Exercise:
Pictures aside, return every line below exactly as written.

Records shown:
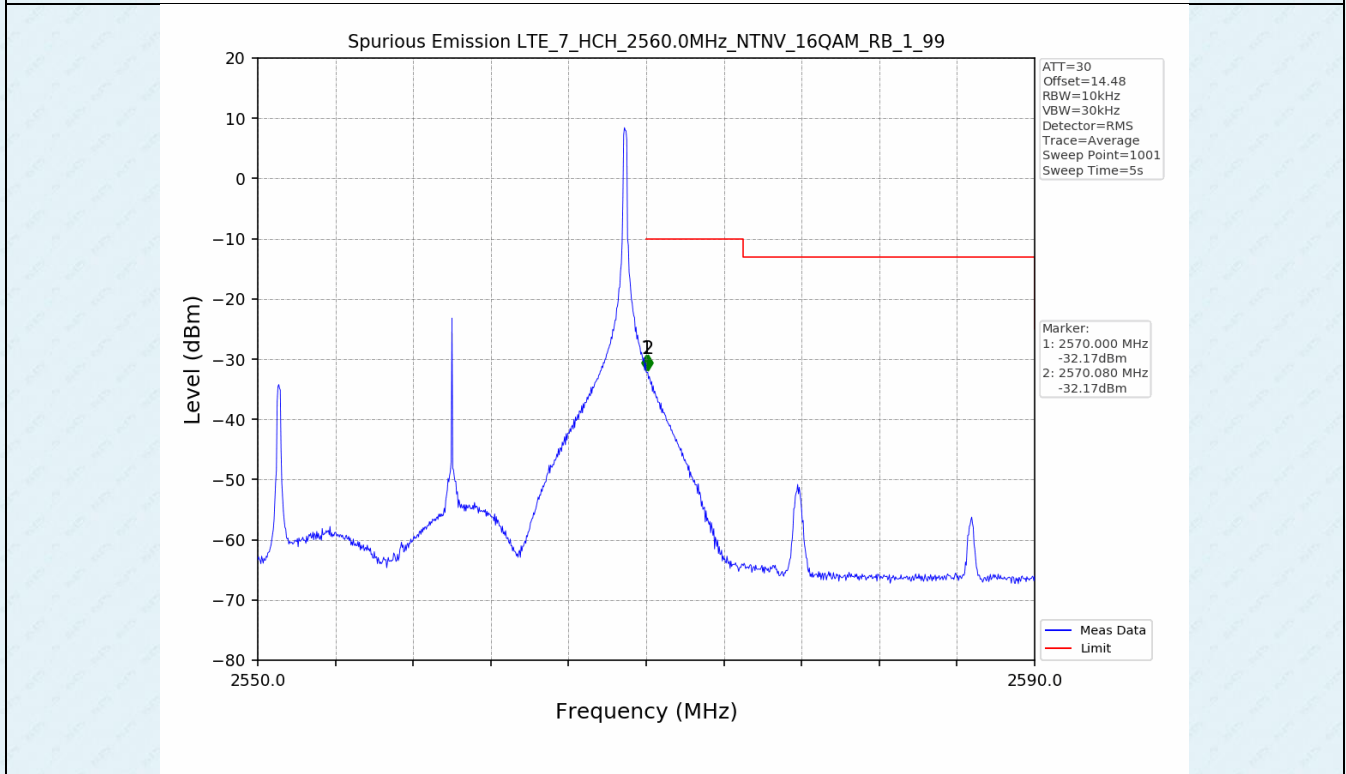

Test Band: 7 _ 20MHz Bandwidth							
Test Mode	RB Allocation		Test result (dB)			Limit (dB)	Verdict
	Size	Offset	LCH	MCH	HCH		
QPSK	100	0	7.01	7.14	7.60	13	PASS
16QAM	100	0	7.46	7.54	7.58	13	PASS
64QAM	100	0	7.46	7.54	7.59	13	PASS

4.2 Test Graph

5. Spurious Emission

5.1 Test Graph

5.1 Test Graph

5.1 Test Graph

5.1 Test Graph

-----End-----
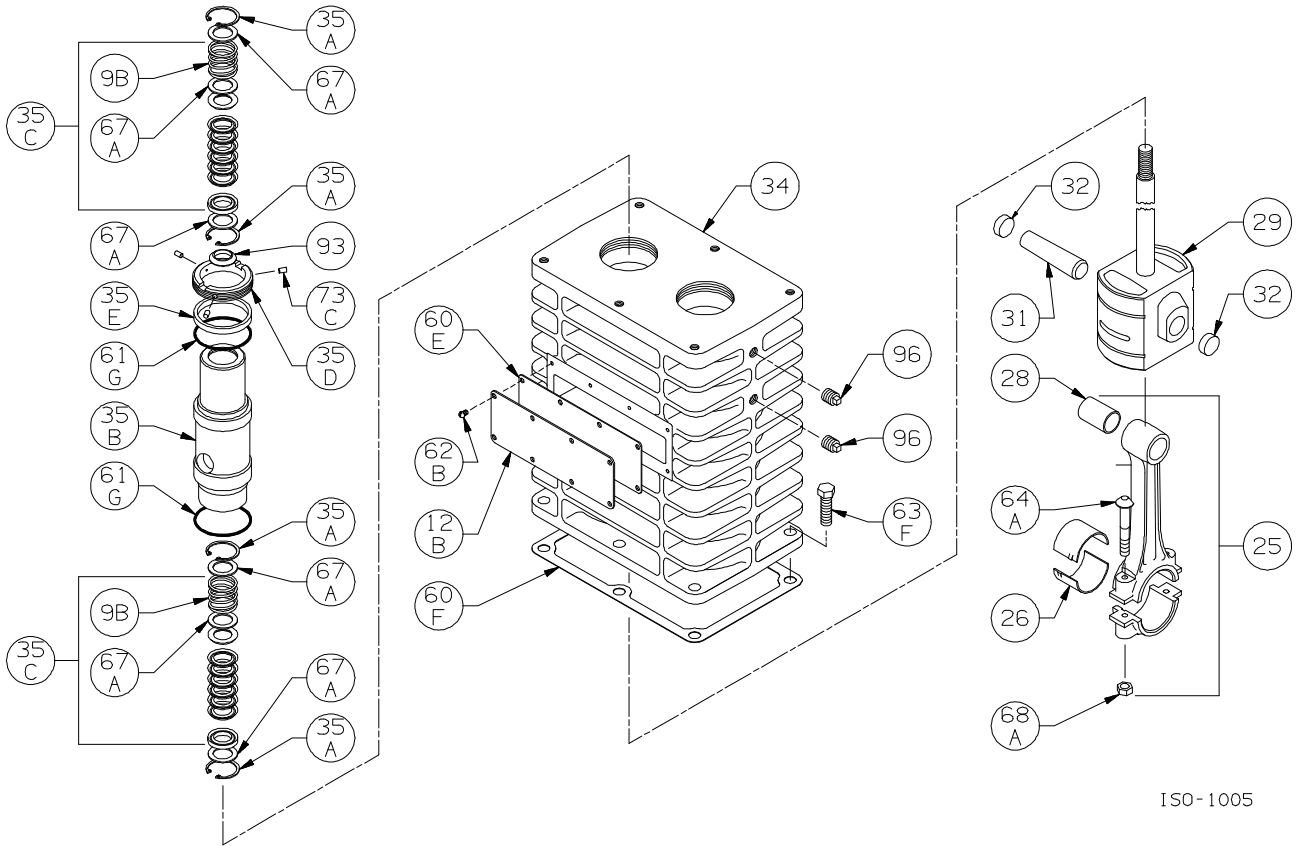

Ref	Description	Qty	Part No
18B	Bearing Cone (Inboard)	1	793142
19	Orifice	2	792146
20	Bearing Cover Plate	1	793137
21	Oil Seal	1	793143
22A	Bearing Adjustment Shim Kit	1	793133
23	Key	1	793167
57	Flywheel Assembly	1	793128
60A	Gasket - Oil Screen *	1	792136
60B	Gasket - Oil Screen Plug *	1	792123
60C	Gasket - Inspection Plate *	1	793122
60D	Gasket - Bearing Carrier Assembly *	1	793124
61A	O-Ring - Oil Screen *	1	792175
61C	O-Ring - Adjusting Screw *	1	792168
61D	O-Ring - Oil Bayonet *	1	792174
61E	O-Ring - Oil Pump Cover *	1	792186
61F	O-Ring - Breather Cap *	1	792173
61N	O-Ring - Oil Pump Shaft *	1	792174
63C	Capscrew - Hex Hd	6	793116
63E	Capscrew - Hex Hd	4	793158
63U	Capscrew - Hex Hd	6	792093
73A	Pipe Plug	1	792166

* Included in Gasket Sets

ISO-1094

Oil Pump Detail: Models LB161, LB162,
LB361, LB361A, LB362, LB362A, LB362B
LB601, LB601A, LB602, LB602A

S1094

Ref	Description	Qty	Part No
2B	Oil Filter (Package of 6)	1	790004
5A	Oil Pump Kit (w/ 61E, 61N) LB161, LB162, LB361, LB361A, LB362, LB362A, LB362B LB601, LB601A, LB602, LB602A	1	798855
		1	798856
7	Oil Pressure Gauge	1	790012
14	Oil Pump Cover	1	792181
	Oil Pump Cover - For Filter		790001
30	Oil Filter Fitting	1	790002
61E	O-Ring - Oil Pump Cover *	1	792186
61N	O-Ring - Oil Pump Shaft *	1	792174

* Included in Gasket Sets

ISO-1005

Crosshead Assembly: LB362A, LB362B, LB362C

ISO1005

Ref	Description	Qty	Part No
9B	Packing Spring	4	792077
12B	Inspection Plate	1	793093
25	Connecting Rod Assembly	2	793009
26	Connecting Rod Bearing	2	793002
28	Wrist Pin Bushing **	2	793003
29	Crosshead Assembly	2	793429
31	Wrist Pin	2	793004
32	Wrist Pin Plug	4	792178
34	Crosshead Guide	1	793455
35A	Retainer Ring	8	793404
35B	Packing Box	2	793403
35C	Packing Set	4	793499
35D	Hold-down Ring	2	793220

Problem solution:
Test Band: 7 _ 20MHz Bandwidth							
Test Mode	RB Allocation		Test result (dB)			Limit (dB)	Verdict
	Size	Offset	LCH	MCH	HCH		
QPSK	100	0	7.01	7.14	7.60	13	PASS
16QAM	100	0	7.46	7.54	7.58	13	PASS
64QAM	100	0	7.46	7.54	7.59	13	PASS

4.2 Test Graph

5. Spurious Emission

5.1 Test Graph

5.1 Test Graph

5.1 Test Graph

5.1 Test Graph

-----End-----

Ref	Description	Qty	Part No
18B	Bearing Cone (Inboard)	1	793142
19	Orifice	2	792146
20	Bearing Cover Plate	1	793137
21	Oil Seal	1	793143
22A	Bearing Adjustment Shim Kit	1	793133
23	Key	1	793167
57	Flywheel Assembly	1	793128
60A	Gasket - Oil Screen *	1	792136
60B	Gasket - Oil Screen Plug *	1	792123
60C	Gasket - Inspection Plate *	1	793122
60D	Gasket - Bearing Carrier Assembly *	1	793124
61A	O-Ring - Oil Screen *	1	792175
61C	O-Ring - Adjusting Screw *	1	792168
61D	O-Ring - Oil Bayonet *	1	792174
61E	O-Ring - Oil Pump Cover *	1	792186
61F	O-Ring - Breather Cap *	1	792173
61N	O-Ring - Oil Pump Shaft *	1	792174
63C	Capscrew - Hex Hd	6	793116
63E	Capscrew - Hex Hd	4	793158
63U	Capscrew - Hex Hd	6	792093
73A	Pipe Plug	1	792166

* Included in Gasket Sets

ISO-1094

Oil Pump Detail: Models LB161, LB162,
LB361, LB361A, LB362, LB362A, LB362B
LB601, LB601A, LB602, LB602A

S1094

Ref	Description	Qty	Part No
2B	Oil Filter (Package of 6)	1	790004
5A	Oil Pump Kit (w/ 61E, 61N) LB161, LB162, LB361, LB361A, LB362, LB362A, LB362B LB601, LB601A, LB602, LB602A	1	798855
		1	798856
7	Oil Pressure Gauge	1	790012
14	Oil Pump Cover	1	792181
	Oil Pump Cover - For Filter		790001
30	Oil Filter Fitting	1	790002
61E	O-Ring - Oil Pump Cover *	1	792186
61N	O-Ring - Oil Pump Shaft *	1	792174

* Included in Gasket Sets

ISO-1005

Crosshead Assembly: LB362A, LB362B, LB362C

ISO1005

Ref	Description	Qty	Part No
9B	Packing Spring	4	792077
12B	Inspection Plate	1	793093
25	Connecting Rod Assembly	2	793009
26	Connecting Rod Bearing	2	793002
28	Wrist Pin Bushing **	2	793003
29	Crosshead Assembly	2	793429
31	Wrist Pin	2	793004
32	Wrist Pin Plug	4	792178
34	Crosshead Guide	1	793455
35A	Retainer Ring	8	793404
35B	Packing Box	2	793403
35C	Packing Set	4	793499
35D	Hold-down Ring	2	793220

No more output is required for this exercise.